● **What this task involves**
Go through the records below and return each line that has "Langley" in it.

● **Saved data entries**
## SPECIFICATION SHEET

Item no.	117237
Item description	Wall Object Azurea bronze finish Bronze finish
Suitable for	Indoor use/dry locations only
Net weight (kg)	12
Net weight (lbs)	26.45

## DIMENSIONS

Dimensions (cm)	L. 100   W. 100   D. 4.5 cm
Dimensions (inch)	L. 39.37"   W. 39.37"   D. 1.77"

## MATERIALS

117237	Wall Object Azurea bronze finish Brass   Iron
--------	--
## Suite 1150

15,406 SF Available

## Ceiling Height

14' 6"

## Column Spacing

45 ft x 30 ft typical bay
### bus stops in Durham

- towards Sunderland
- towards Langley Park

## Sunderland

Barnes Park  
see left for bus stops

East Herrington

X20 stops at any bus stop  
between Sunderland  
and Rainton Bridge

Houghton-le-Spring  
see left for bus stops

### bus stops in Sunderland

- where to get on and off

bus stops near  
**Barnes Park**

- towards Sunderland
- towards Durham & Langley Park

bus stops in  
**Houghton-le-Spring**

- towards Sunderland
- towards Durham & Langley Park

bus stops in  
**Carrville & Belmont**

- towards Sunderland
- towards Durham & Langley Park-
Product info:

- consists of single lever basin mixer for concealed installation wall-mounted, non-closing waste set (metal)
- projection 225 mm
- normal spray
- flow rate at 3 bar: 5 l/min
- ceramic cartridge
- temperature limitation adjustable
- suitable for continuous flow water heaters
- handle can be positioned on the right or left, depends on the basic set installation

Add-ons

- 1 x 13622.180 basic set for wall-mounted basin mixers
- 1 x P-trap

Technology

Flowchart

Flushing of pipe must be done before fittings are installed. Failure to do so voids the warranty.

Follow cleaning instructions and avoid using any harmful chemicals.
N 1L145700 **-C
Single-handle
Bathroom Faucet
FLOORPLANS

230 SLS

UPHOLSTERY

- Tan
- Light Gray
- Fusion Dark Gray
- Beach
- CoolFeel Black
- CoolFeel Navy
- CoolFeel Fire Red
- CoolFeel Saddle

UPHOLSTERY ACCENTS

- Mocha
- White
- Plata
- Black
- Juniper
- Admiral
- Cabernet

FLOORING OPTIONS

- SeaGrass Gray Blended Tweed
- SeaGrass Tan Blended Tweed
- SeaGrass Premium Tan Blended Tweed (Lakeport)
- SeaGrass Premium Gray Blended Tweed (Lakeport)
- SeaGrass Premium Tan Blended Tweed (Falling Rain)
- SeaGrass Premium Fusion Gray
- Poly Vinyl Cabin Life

● **Output of the exercise**
- towards Langley Park
- towards Durham & Langley Park
- towards Durham & Langley Park
- towards Durham & Langley Park-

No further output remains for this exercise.